From platform development to manufacturing for patients

That execution for cell therapies is now extending into the clinic. On Jan. 12, the company announced FDA clearance for an IND amendment submitted by Cabaletta Bio, enabling Cellares to manufacture rese-cel, an investigational autologous CAR-T therapy, for use in clinical trials.

Manufacturing will take place on the company’s Cell Shuttle automated manufacturing platform and its Cell Q quality control workcell. The milestone marks the first time Cellares’ end-to-end manufacturing system will produce GMP drug product intended for patient infusion, with first patient dosing anticipated in the first half of 2026, according to the company.

“Autoimmune cell therapy programs operate at a fundamentally different scale of patient demand than oncology,” says Fabian Gerlinghaus, co-founder and CEO of Cellares. “Achieving scalability in these larger indications is a differentiated feature of the Cellares platform. FDA approval of Cabaletta’s IND amendment reflects regulatory confidence in the Cell Shuttle platform to deliver reliable GMP drug products at scale.”

The Cell Shuttle platform and Cell Q quality control workcell are central to Cellares’ mission toward the commercialization of cell therapies. In addition to its latest announcement with Cabaletta, both technologies featured prominently in the key company 2025 announcements, including several key collaboration milestones.

“Last year was a very good year for Cellares,” Gerlinghaus says. “We’re going to have a large financing announcement soon, and we were able to get a really significant round done with top-tier investors.”

This financing momentum will build on Cellares’ most recent major financing round, a $255 million Series C led by Koch Disruptive Technologies. The funding supported development of the company’s first IDMO “smart” factory, a 118,000-square-foot facility in Bridgewater, New Jersey, housing both the Cell Shuttle and Cell Q platforms.

Scaling a global manufacturing footprint

Since then, Cellares has continued expanding its global manufacturing footprint. In May 2025, the company announced plans for a commercial-scale smart factory in Kashiwa, Japan. Earlier this month, it followed with the announcement of a third commercial-scale facility in Leiden, the Netherlands, which will also serve as Cellares’ European headquarters and support manufacturing for Europe’s patient populations.

These expansions run in parallel with major commercial partnerships, most notably a $380 million capacity reservation and supply agreement with Bristol Myers Squibb for CAR-T cell therapy manufacturing.

“We’re seeing really strong operational progress and delivering on all the milestones for our $380 million partnership with Bristol Myers Squibb for commercial-scale manufacturing in the United States, Europe, and Japan,” Gerlinghaus says. “That’s why we’re building out these facilities.”

Regulatory endorsement, platform validation

Regulatory alignment has emerged as another defining theme.
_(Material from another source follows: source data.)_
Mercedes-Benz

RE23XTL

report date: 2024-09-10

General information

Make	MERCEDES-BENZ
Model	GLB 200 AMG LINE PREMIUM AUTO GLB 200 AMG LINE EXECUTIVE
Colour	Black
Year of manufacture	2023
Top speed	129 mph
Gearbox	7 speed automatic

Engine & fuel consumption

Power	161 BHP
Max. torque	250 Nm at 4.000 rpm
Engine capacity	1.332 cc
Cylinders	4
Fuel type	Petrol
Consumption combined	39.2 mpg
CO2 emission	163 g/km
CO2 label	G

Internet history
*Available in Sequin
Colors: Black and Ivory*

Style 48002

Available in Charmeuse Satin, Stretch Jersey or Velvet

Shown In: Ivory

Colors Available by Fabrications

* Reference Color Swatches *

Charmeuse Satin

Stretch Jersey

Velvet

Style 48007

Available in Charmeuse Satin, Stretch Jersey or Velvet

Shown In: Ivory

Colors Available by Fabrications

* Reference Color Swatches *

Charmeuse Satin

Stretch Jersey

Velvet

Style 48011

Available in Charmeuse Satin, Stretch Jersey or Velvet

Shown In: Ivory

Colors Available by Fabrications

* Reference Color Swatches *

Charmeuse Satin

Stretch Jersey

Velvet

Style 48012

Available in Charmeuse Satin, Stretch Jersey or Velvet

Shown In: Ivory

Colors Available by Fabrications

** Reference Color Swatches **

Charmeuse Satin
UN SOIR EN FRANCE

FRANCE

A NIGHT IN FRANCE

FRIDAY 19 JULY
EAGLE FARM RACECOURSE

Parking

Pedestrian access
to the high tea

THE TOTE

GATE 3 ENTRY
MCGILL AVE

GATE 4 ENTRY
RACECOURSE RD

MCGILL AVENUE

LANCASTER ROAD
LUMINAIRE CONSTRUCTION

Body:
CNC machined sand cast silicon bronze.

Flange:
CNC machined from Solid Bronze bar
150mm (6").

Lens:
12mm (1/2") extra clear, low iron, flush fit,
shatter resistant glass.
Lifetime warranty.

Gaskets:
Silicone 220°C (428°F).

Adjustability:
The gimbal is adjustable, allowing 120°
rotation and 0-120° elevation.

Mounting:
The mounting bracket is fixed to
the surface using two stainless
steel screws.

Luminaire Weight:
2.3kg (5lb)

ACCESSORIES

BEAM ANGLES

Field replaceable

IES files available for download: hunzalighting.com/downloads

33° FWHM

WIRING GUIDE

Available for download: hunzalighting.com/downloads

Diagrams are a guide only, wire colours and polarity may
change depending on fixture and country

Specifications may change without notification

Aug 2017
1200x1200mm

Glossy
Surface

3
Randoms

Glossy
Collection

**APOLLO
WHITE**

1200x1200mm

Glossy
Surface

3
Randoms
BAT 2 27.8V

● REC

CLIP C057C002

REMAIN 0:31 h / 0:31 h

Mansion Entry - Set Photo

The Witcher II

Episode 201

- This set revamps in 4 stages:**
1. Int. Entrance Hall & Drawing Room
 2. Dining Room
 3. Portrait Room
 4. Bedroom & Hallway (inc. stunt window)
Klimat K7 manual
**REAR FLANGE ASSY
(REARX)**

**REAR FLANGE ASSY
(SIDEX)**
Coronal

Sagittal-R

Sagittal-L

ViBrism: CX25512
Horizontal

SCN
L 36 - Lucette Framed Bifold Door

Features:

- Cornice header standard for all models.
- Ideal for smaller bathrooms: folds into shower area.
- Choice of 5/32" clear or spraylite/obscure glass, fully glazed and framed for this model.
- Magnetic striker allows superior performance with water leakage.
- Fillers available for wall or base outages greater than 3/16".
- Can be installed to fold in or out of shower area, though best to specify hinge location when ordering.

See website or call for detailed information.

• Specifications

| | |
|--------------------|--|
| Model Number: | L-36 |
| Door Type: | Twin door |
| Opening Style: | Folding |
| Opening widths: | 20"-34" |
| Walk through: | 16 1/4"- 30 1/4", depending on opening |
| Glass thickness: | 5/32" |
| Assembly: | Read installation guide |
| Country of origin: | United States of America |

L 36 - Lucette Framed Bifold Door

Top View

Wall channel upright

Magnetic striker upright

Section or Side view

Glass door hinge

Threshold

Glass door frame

During ARM’s State of the Industry address, Hunt highlighted new FDA guidance issued earlier this month that provides increased regulatory flexibility around chemistry, manufacturing, and controls (CMC) requirements for CGTs, an effort aimed at accelerating patient access.

For Cellares, that regulatory momentum translated into a major endorsement in the form of an Advanced Manufacturing Technology (AMT) designation from the FDA’s Center for Biologics Evaluation and Research for its Cell Shuttle platform. The designation recognizes the platform’s ability to automate and reliably manufacture cell therapies at scale.

“While the FDA has granted AMT designations to a few companies, we were the first to receive one at all, and we’re still the only company to receive it for an end-to-end manufacturing platform,” Gerlinghaus contends. “It’s a strong endorsement from regulators.”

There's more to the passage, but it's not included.